Когда мне было лет тринадцать, то в художественной школе я увидал плакат «Освоим Луну в 2000 году!». Я сразу посчитал в уме, сколько мне будет в 2000 году: выходило 20 лет! Я представил себя почему-то бородатым, причём сильно бородатым, и ещё на мне были усы, и вообще я выглядел очень брутальным через семь лет, и даже показалось, что в принципе жизнь прожита. К 2000 году я, как минимум, должен был очень повзрослеть и стать мужчиной. 
В 13 лет еще не совсем понятно, кто это, но явно нужно наличие бороды и усов.
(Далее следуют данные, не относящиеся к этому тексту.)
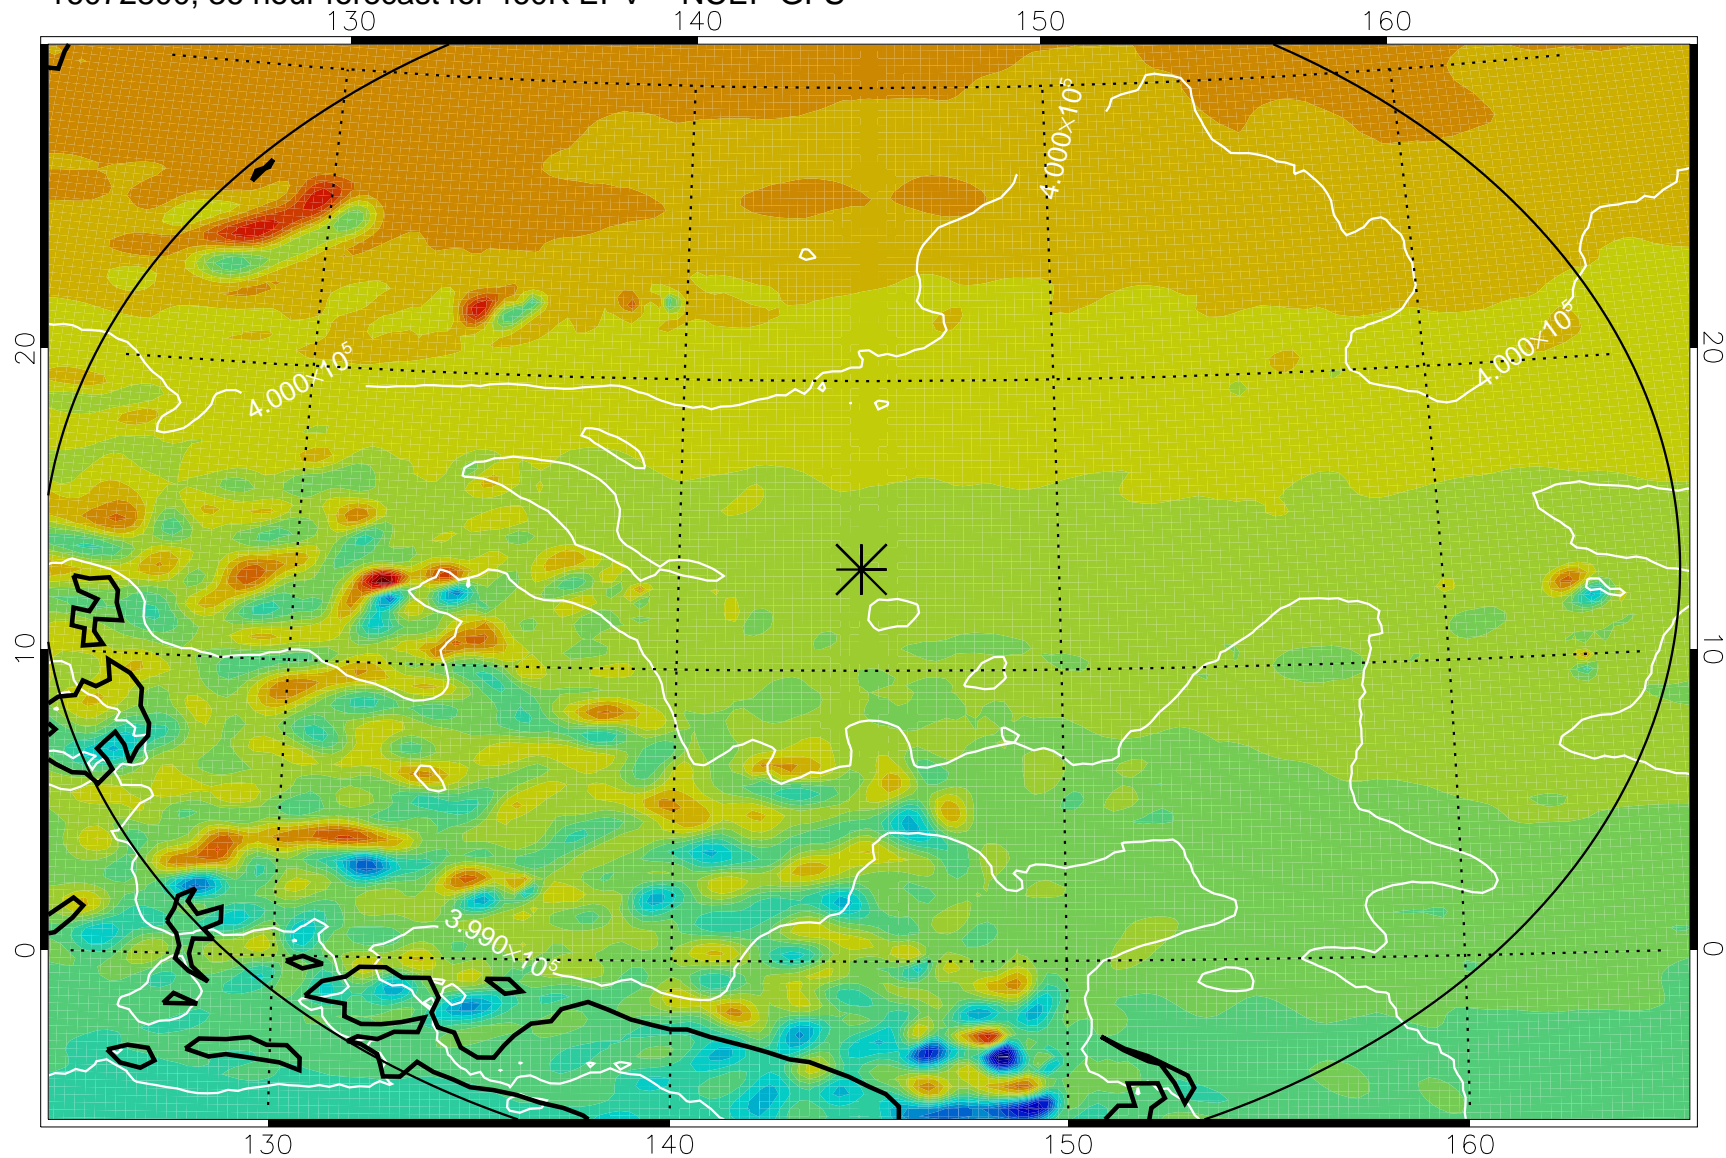

16072706, 18 hour forecast for 460K EPV -- NCEP GFS

460K Montgomery Streamfunction, white

Range ring of 2304 km

16072712, 24 hour forecast for 460K EPV -- NCEP GFS

460K Montgomery Streamfunction, white

Range ring of 2304 km

16072718, 30 hour forecast for 460K EPV -- NCEP GFS

460K Montgomery Streamfunction, white

Range ring of 2304 km

16072800, 36 hour forecast for 460K EPV -- NCEP GFS

460K Montgomery Streamfunction, white

Range ring of 2304 km

16072806, 42 hour forecast for 460K EPV -- NCEP GFS

460K Montgomery Streamfunction, white

Range ring of 2304 km

16072812, 48 hour forecast for 460K EPV -- NCEP GFS

460K Montgomery Streamfunction, white

Range ring of 2304 km

16072918, 78 hour forecast for 460K EPV -- NCEP GFS

460K Montgomery Streamfunction, white

Range ring of 2304 km

16073000, 84 hour forecast for 460K EPV -- NCEP GFS

460K Montgomery Streamfunction, white

Range ring of 2304 km

Это потом я узнаю, что ребенком ты можешь быть когда угодно и при любых обстоятельствах. И взрослым, кстати, тоже. Только нужно найти в голове перемычку, и когда ты научишься ею управлять, тогда ― норм, если нет ― пиши пропало! 
И вот, после 20-ти мне казалось, что и жить-то не зачем, когда у тебя есть усы и борода. Но! Но в 13 лет еще ничего не знаешь про женщин, а именно с женщинами-то всё и начинается! Первое, что узнаешь, что они коварны! Второе, что они говорят не то, что думают; третье ― они слишком материальны, и четвертое ― не все из них способны на любовь. 
Луна на том плакате художника была освоена плохо. Художнику не хватило воображения, и он просто, прямо посреди кратеров, а если быть точным, посреди Моря Дождей, воткнул советский моноколор и был таков. 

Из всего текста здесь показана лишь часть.